Essentials of Data and Multiple Regression Analysis

Glauco Peres da Silva, University of São Paulo


This course is designed for students who are interested in reviewing their training in data analysis and multiple regression analysis. It prepares students for courses offered in the IPSA-USP Summer School that require a background in statistics and in multiple regression analysis including the Time Series Analysis and Pooled Time Series Analyses, and Spatial Econometrics courses.  The course will take place in the week preceding the commencement of the Summer School. The intensive course starts with a discussion of the logic of the data analysis, based on including basic probability; random variables and their distributions; confidence intervals and tests of hypotheses. After that it covers the basic assumptions of multivariate regression model and the central assumptions underlying the ordinary least squares approach. Similar to other IPSA-USP courses, the Essentials of Data and Multiple Regressions Analysis takes a “hands on” approach. To complement lectures, students apply the concepts taught in lectures to analyze problems using software packages commonly used in quantitative social science research including Excel and Stata.

For those of you considering enrolling in this course, watch the video below to find out more!


This course runs January 14-18,2019.

TEACHING FELLOW:  Mauricio Izumi, University of São Paulo


This course departs from the premise that the most effective way to learn multivariate statistics is by actively using the concepts discussed in class to solve problems. For each topic, we will have lectures that will be followed by sessions in which students will use empirical data to answer questions that are important to political scientists. For those students who will be studying multivariate regression analysis in the IPSA-USP Summer School, the course will provide an intuitive and basic review of linear regression in theory and practice.  




Monday, January 14th

Lecture 1. Probability

Lecture 2. Distribution of random variables

Tuesday, January 15th

Lecture 3. Joint distributions

Lecture 4. Confidence Intervals

Wednesday, January 16th

Lecture 5. An Introduction to the Multiple Regression Model

Lecture 6. The Linear Regression Model with a Single Regressor

Thursday, January 17th

Lecture 7. Hypothesis Tests and Confidence Intervals

Lecture 8. Assumptions of Ordinary Least Squares

Friday, January 18th

Lecture 9. The Linear Regression Model with Multiple Regressors

Lecture 10. Assessing Goodness of Fit

In the afternoon, classes will be focused on labs activities.
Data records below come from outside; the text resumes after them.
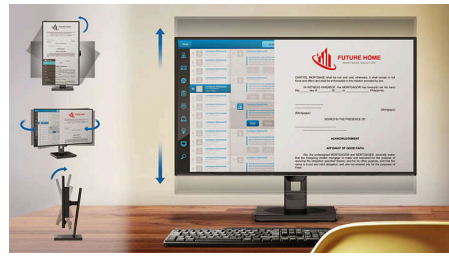

מצבי שטח צבע מרובים

עם RPG צג זה של פיליפס מספק צבע במודל צבע מצבי שטח הצבע הבאים. בחרו את מצב שטח הצבע המתאים כדי להציג את התוכן שבו אתה צופה כראוי: יישומי המחשב האישיים ביותר והמשחקים, sRGB: יישומי רשת, Adobe RGB: אינטרנט ועיצוב רשת: NTSC: HD. Rec. 2020: וידיאו אנאלוגי Rec. 709: וידיאו אנאלוגי מקרני קולנוע: DCI-P3: UHD. וידיאו באיכות Apple. דיגיטליים, חלק מהסרטים ומהמשחקים ומוצרי Photography. D-mode: DICOM mode, של קידום של, רמת הביצועים של סקלת צבעי האפור

Highlights

KVM-MultiClient משולב ל

תוכל MultiClient-Mשולב ל KVM באמצעות מתג לשלוט בשני מחשבים אישיים נפרדים עם מערכת אחת של צג-מקלדת-עכבר. לחצן נוח מאפשר לך להחליף בקלות בין מקורות. שימושי בהגדרות שמחייבות כוח מחשוב של שני מחשבים אישיים או שיתוף של צג גדול אחד כדי להציג שני מחשבים אישיים נפרדים.

SmartErgoBase

הוא בסיס צג המאפשר נוחות צג ארגונומית ומספק ניהול כבלים. הבסיס יכול להסתובב מצד לצד, לנסות ולהסתובב בזוויות שונות כדי להבטיח נוחות מרבית. המעמד בגובה מתכוונן מבטיח את רמת הצפייה האופטימלית, להפחתת המתחים הפיזיים של יום עבודה ארוך, בעוד שניהול הכבלים מפחית את מצב הכבלים המבולגנים ושומר על סביבת העבודה מסודרת ומקצועית.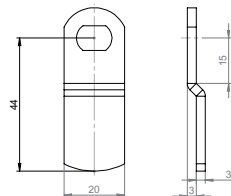

Offset Cams

ASSA ABLOY
Standard Hole Dimensions

Catch 03 A30 B4 D0
490606

Catch 13 A33,5 B8,5 D0
390044

Catch 14 A33,5 B8,5 D90
390045

Catch 06 A38 D90
390054

Catch 20 A28 B13 D0
390058

Catch 56 A30 B3 D0
390061

Catch A28 B13 D0
390070

Catch A38 B3 D90
492035

Catch A34 B13 D90
491476

Catch A41 B6,5 D90
491498

Catch A39 B6,5 D0
492869

Catch A44 B3 D0
492877

Catch A35 B6 D0
492358

Catch A27,5 B1 D0
492398

Catch A25,5 B5 D0
492635

Catch A22,5 B7 D0
492636

Catch A36 B8,5 D90
492841

Offset Cams

Catch A39 B17 D90
492852

Catch A41 B8,5 D90
492455

Catch A54 B4 D90
492822

Catch A38 B1,5 D0
492997

The course presumes students have some basic training in mathematics including arithmetic and algebra operations.


Casella, George, and Roger Berger. 2008. Statistical Inference. 2nd ed. Duxbury Advanced Series. Cengage Learning.

Kellstedt, Paul M., and Guy D. Whitten. 2013. The Fundamentals of Political Science Research. 2nd ed. Cambridge ;New York: Cambridge University Press.

Stock, James H., and Mark W. Watson. 2011. Introduction to Econometrics. 3rd ed. Boston: Pearson/Addison Wesley.


Gelman, Andrew, and Hal Stern. 2006. The Difference Between “Significant” and “Not Significant” is not Itself Statistically Significant. The American Statistician 60 (4): 328-331.

Gujarati, Damodar N., and Dawn C. Porter. 2009. Basic econometrics. 5th ed. Boston: McGraw-Hill Irwin.

Greene, W. H. 2012. Econometric analysis. 7th ed. Upper Saddle River, NJ: Pearson Prentice Hall.

Wooldridge, Jeffrey M. 2009. Introductory Econometrics: A Modern Approach. Cincinnati, OH: South-Western College.